Bu röportajları sahte ruh eşi ile yaşadığı sahte mutluluğunu gözler önüne serip okuyucu kitlenin empatisini kazanmak için kullanıyordu. Jeno'dan, onun dikkatini çeken küçük alışkanlıklarından, birlikte yaptıkları şeylerden bahsediyordu – ve çoğu zaman yalan söylüyor gibi hissetmiyordu bile.

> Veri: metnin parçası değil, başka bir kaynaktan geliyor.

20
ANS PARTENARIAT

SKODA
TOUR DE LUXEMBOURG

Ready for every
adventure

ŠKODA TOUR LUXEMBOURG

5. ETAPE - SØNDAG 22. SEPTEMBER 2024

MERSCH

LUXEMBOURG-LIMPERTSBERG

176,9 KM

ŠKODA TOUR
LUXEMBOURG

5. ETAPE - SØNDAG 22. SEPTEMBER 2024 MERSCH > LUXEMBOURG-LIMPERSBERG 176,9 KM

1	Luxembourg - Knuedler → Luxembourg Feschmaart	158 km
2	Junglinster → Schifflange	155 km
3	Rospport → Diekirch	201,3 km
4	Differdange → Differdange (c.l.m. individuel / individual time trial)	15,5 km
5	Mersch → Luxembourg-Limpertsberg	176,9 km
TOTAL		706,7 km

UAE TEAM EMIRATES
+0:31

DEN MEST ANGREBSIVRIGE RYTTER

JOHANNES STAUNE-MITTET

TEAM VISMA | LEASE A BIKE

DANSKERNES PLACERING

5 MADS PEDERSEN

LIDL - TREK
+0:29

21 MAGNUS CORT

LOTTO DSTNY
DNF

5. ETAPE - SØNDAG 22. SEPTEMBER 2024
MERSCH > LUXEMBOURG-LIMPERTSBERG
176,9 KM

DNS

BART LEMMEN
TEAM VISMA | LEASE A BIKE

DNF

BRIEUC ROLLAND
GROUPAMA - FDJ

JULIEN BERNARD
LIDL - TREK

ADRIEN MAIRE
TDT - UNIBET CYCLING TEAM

"Rolünü muhteşem oynuyorsun," Donghyuck bir röportajın ardından ona iltifat etti. Jaemin yarım saat boyunca şairane bir dille Jeno'yu anlatmıştı, ta ki muhabirin esnemesini bastırmaya çalıştığını fark edip durana kadar. "Ona gerçekten aşıkmışsın gibiydi."

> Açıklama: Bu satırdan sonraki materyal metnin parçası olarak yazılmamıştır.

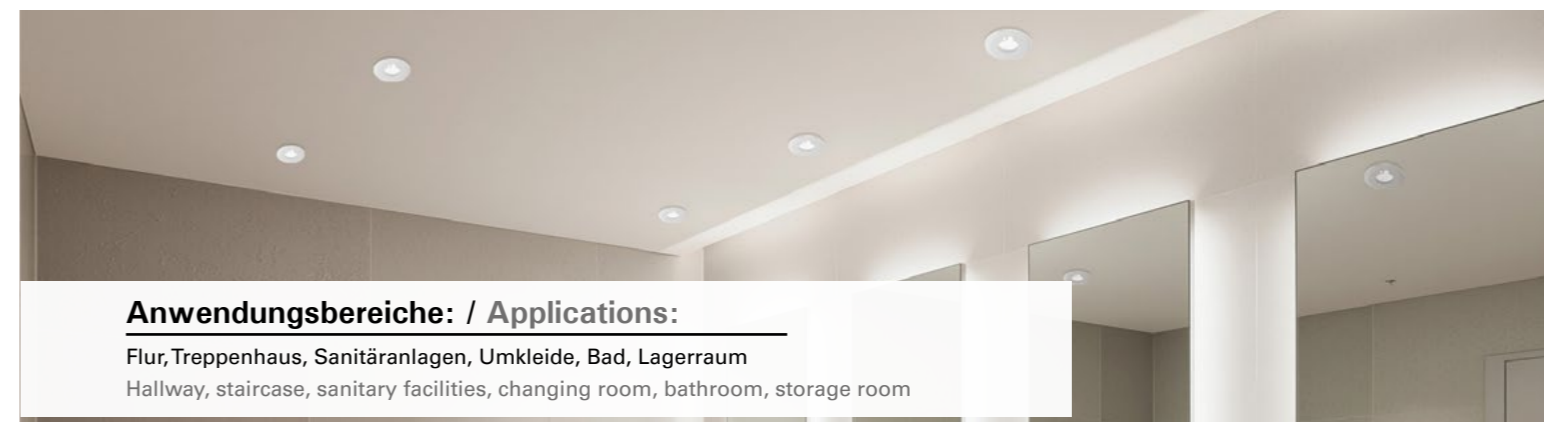

Sensor functions:

Detection range: 2-6m
Hold time: 30s, 3min, 10min, disable
Daylight threshold: <100, >100, >2200 lux

Jaemin bu akıl almaz bir şeymiş gibi güldü. O aşık olacak bir tip değildi.
–––
Jaemin acaba sahte sevgilisinin ismi her geçtiğinde gelip giden bu ılık, içini kıpır kıpır eden his normal mi merak ediyordu. Renjun'a sorduğunda eline geçen tek şey etkilenmemiş bir bakış ve 'tam olarak ne zaman duygusal açıdan cahil birine dönüştün' şeklinde bir terslenme olmuştu. Duygusal açıdan cahil falan değildi, hatta tam tersiydi, ama neden böyle hissettiğine bir anlam veremiyordu sadece.

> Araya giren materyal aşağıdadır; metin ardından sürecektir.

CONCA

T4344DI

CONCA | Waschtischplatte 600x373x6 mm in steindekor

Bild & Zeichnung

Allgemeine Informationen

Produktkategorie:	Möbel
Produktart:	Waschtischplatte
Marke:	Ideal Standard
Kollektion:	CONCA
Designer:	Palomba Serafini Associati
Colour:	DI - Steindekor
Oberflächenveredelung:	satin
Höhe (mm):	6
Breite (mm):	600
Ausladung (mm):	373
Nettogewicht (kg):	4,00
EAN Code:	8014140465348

Tüm bu belirsiz hisler bir keresinde Jeno'ya bakıp 'sana aşık olmak çok kolay olurdu' diye düşündüğünde birdenbire çıkagelmişti. Bu gittikçe büyüyen hislerin ne zaman başladığından emin değildi – belki Jeno'nun bazen çok kaba olmasına rağmen aslında bir minnoş olduğu ortaya çıktığındaydı ya da belki uyuyamadığında onun için gitar çaldığı zamandı. Bunun o yüksek seviyeli ruh eşlerinin arasında var olduğu söylenen 'duygusal bağ' olmadığı belliydi, çünkü şimdilik duygusal olarak Renjun'la Jeno'yla olduğundan daha uyumluydu.
Tüm minik detaylar adına hoşlantı demeye korktuğu bir şeye vardı.
'Aşık olmamaya çalış', ilk öpücüklerinde Jeno'nun dudaklarına bunu fısıldamıştı ve şimdi adeta bir salak gibi ondan hoşlanıyordu.
Harika.
"Sen... düşünüyor musun?" Jeno eğlenmiş bir sesle sordu. Aralarındaki mumu devirmemeye dikkat ederek Jaemin elini kendininkinin içine aldı. "Bu tarihi bir an. Bir parçası olduğum için onur duyuyorum."
Jaemin gözlerini kıstı. "Komik olmaya mı çalışıyorsun şu an?"
"Kır atın yanında duran ya huyundan ya suyundan. Hepsi senin suçun." Jeno elini geri çekip onu savuşturdu. Jaemin eline geri uzanmamak için kendini tuttu, sıcaklığını anında özlemeye başlamıştı.
ŞİMDİ OKUDUĞUN
Running In Circles | nomin
FanfictionJaemin test sonuçlarına baktı. Derin bir nefes aldı ve kağıtları sakince masanın üstüne koyup ileri itti. Bakışlarını karşısında oturan doktora çevirdi. "Bu sonuçlar doğru mu gerçekten?" kağıdın üzerinde yazan numaraya bakarak sesli bir şekilde düşü...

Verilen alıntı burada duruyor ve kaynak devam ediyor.